BEGIN

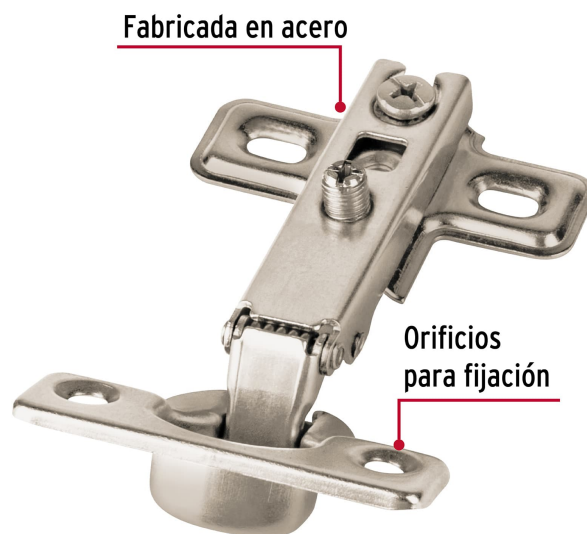

HERMEX

CÓDIGO: 43156 CLAVE: BIDI-95C

Bolsa c/2 bisagras bidimensionales de 95° cobertura completa

- Fabricadas en acero con acabado niquelado
- Cierre suave
- Instalación oculta para gabinetes
- Uso en carpintería y en la industria mueblera

Incluye
tornillería

Certificaciones y garantías

Especificaciones

Apertura	95°
Número de orificios	4
Medidas (ancho x largo)	5 x 9 cm
Empaque individual	Bolsa con 2 piezas
Pallet	3840
Inner	6
Master	120

País de origen

Fabricado en China bajo las estrictas especificaciones de GRUPO TRUPER

Imágenes complementarias

EMPAQUE INNER

Contiene: 6 piezas

Peso: 0.54 kg (1.2 lb)

Imágenes complementarias

EMPAQUE MASTER

Contiene: 20 inner (120 piezas)

END

Exercise
Return only the stretch of the material above from the line holding "- Uso en carpintería" through the line holding "EMPAQUE INNER", copied exactly.

Answer to the problem
- Uso en carpintería y en la industria mueblera

Incluye
tornillería

Certificaciones y garantías

Especificaciones

Apertura	95°
Número de orificios	4
Medidas (ancho x largo)	5 x 9 cm
Empaque individual	Bolsa con 2 piezas
Pallet	3840
Inner	6
Master	120

País de origen

Fabricado en China bajo las estrictas especificaciones de GRUPO TRUPER

Imágenes complementarias

EMPAQUE INNER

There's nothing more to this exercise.